Where am I now? Ten months on, I am improving but continue to be unwell.
Neurology have diagnosed limbic encephalitis, and my brain still feels like it is recovering from this insult. My mood remains fragile; with time, episodes of extreme emotional responses are becoming less frequent. I would like to believe that the more my brain heals, the more my hearing improves. I still hope the tinnitus will settle completely.
Dysautonomia is improving, but I am still somewhat dysautonomic. For 10 months, I’ve had a resting heart rate of 90-110 bpm which would elevate further on standing, to 120 bpm, or minimal exertion, to 160 bpm.
However, 2 weeks ago my resting heart rate — out of nowhere — dropped. I now experience bouts of tachycardia at rest, rather than constantly being tachycardic. Minimal exertion, such as movement around the house, can still trigger tachycardia, and I still randomly desaturate.
But episodes of acrocyanosis, which is poor circulation, or Reynaud’s in my feet no longer occur, and episodes of nocturia, which is excessive urination at night, are becoming less frequent.
Functionally, I am very fatigued and struggle with the debilitating effects of postexertional malaise. Except to attend hospital and for vaccination, I have not left the house in 10 months.
“Saying one is fatigued is not an accurate description. This is not just tiredness. As a doctor, I am someone who is used working 14-hour shifts on their feet. This is not something one can push through.”
It physically feels like something is amiss on a cellular level, the mitochondria are not functioning properly. There is growing evidence to suggest that mircroemboli and hypoxia secondary to endothelial dysfunction could be responsible.
On most days, I manage to prepare three meals a day and get changed and washed. Between these times, I actively rest. Some days I don’t always manage it. However, from initially not being able to sit up in bed or manage the stairs to use the bathroom, I have noticed a slow improvement with time.
I haven’t watched TV or driven in 10 months. I do not yet feel well enough to attempt driving.
Although I struggle to concentrate, and leave the gas on or taps running, I feel I am starting to become more alert. To a friend, I recently likened it to the state of being drunk.
When you are drunk, you don’t appreciate how drunk you are until you start to sober up. I’ve been “drunk” for months. As time passes, I’m sobering up and starting to reflect on how unwell I’ve been.

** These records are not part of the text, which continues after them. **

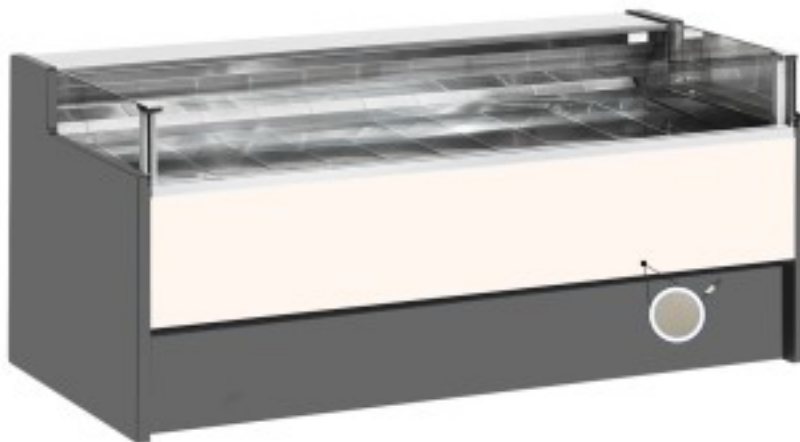

Turska: 11025060942754

**Ventileeritav külmutuslaud ilma iseteeninduse varuosakonnata delikatesside ja lihunike kaupluse jaoks tuvi hall 0 +2°C 300x109x92h cm**

## Kuvaus

Ventileeritav jahutusega iseteeninduslaud, mis vastab igale vajadusele, vastupidav tänu roostevabast terasest raamile, roostevabast terasest tööpinnale ja väljapanekualale.

Tegelikud mõõtmed ei vasta pildile ainult illustreerimiseks.

## Mitat

Dimensioni esterne	3000x1090x920 mm
--------------------	------------------

Dimensioni imballo	3100x1200x1130 mm
--------------------	-------------------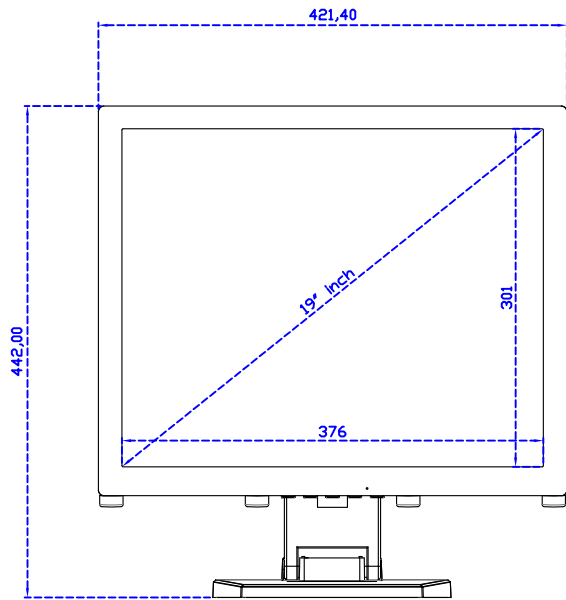

19" 投射電容式多點觸控螢幕

顯示器規格：

顯示面積	376 × 301 mm
點距	0.294 × 0.294 mm
亮度	250 cd/m ²
對比度	1000 : 1
解析度(邏輯像素)	1280 x 1024 (SXGA)
可視角度	左右 178° ; 上下 170°
反應時間	5ms (Tr + Tf)
液晶色彩	16.7M
支援解析度	640×480 ; 800×600 ; 1024×768 ; 1280×1024
信號輸入	VGA ; Audio ; DVI
音效	1W (8Ω) × 1
OSD 控制功能	◎功能選單/選擇◎ - ◎ + ◎自動調整/離開◎電源
電源輸入、消耗功率	DC 12V ; ≤16w (DC Jack Φ2.1mm)
儲存、操作溫度	-20~60°C ; 0~50°C
壁掛孔位	75×75 mm
外觀顏色	黑色 (白色)
尺寸、淨重	421.4 × 350.5 × 48.1 mm ; 5.1 kg (W×H×D) (不含底座)
外箱尺寸、總重	490 × 500 × 155 mm ; 7.6 kg (W×H×D)
配件包	VGA 線/音源線/AC90~260V 變壓器/電源線/USB 或 RS232 觸控線/高級觸控筆/ 高級擦拭布/驅動光碟 ※DVI 線 (選購)

AIM-TMPCTU190-V05

3 Year Warranty
LCD Panel 1 Year

19" Touch Monitor.
 (VESA Mount)

AIM-TMxxx190-G05 N

19" Desktop Touch Monitor.
(Foldable Stand)

AIM-TMxxx190-G05

19" Desktop Touch Monitor.
(Photo Stand)

AIM-TMxxx190-P05

19" Desktop Touch Monitor.
(POS Stand)

AIM-TMxxx190-V05

I am also angry and feel let down by the government, Public Health England, and my employer. We were not provided with adequate PPE and were instead fed a false narrative that this virus was spread only by droplet transfer and therefore hand washing and a simple face mask were adequate.
This is despite overwhelming evidence from the beginning that the virus is airborne, and full protection requires airborne PPE, including an FFP3 mask.
Even now, 1,500 healthcare worker deaths later, according to former Secretary of Health Matt Hancock, and with 122,000 healthcare workers off with long COVID, the national guidance on PPE remains unchanged. This is an insult to the dead and injured.
Like others with long COVID, I still experience a myriad of other symptoms — every few days I have a sore throat, sneezing, visual disturbances such as speckled vision, blurred vision, or increased floaters, intermittent diarrhea, and the rest.
“I know I am carrying a lot of trauma surrounding my experience of long COVID, its impact on my body, and a string of poor medical encounters. I frequently find myself in a dissociated, dream-like state. The world is real, but similar to when you are drunk, the edges of it are blurred and somehow unreal.”
I fear that the severity and prevalence of long COVID have been downplayed. I share my story in the hope of raising awareness about long COVID and its impact. There is an urgent need to understand the aetiology of this condition, which I suspect will be multifactorial, and an urgent need for treatment. While waiting for treatment, many people with long COVID continue to suffer and feel forgotten.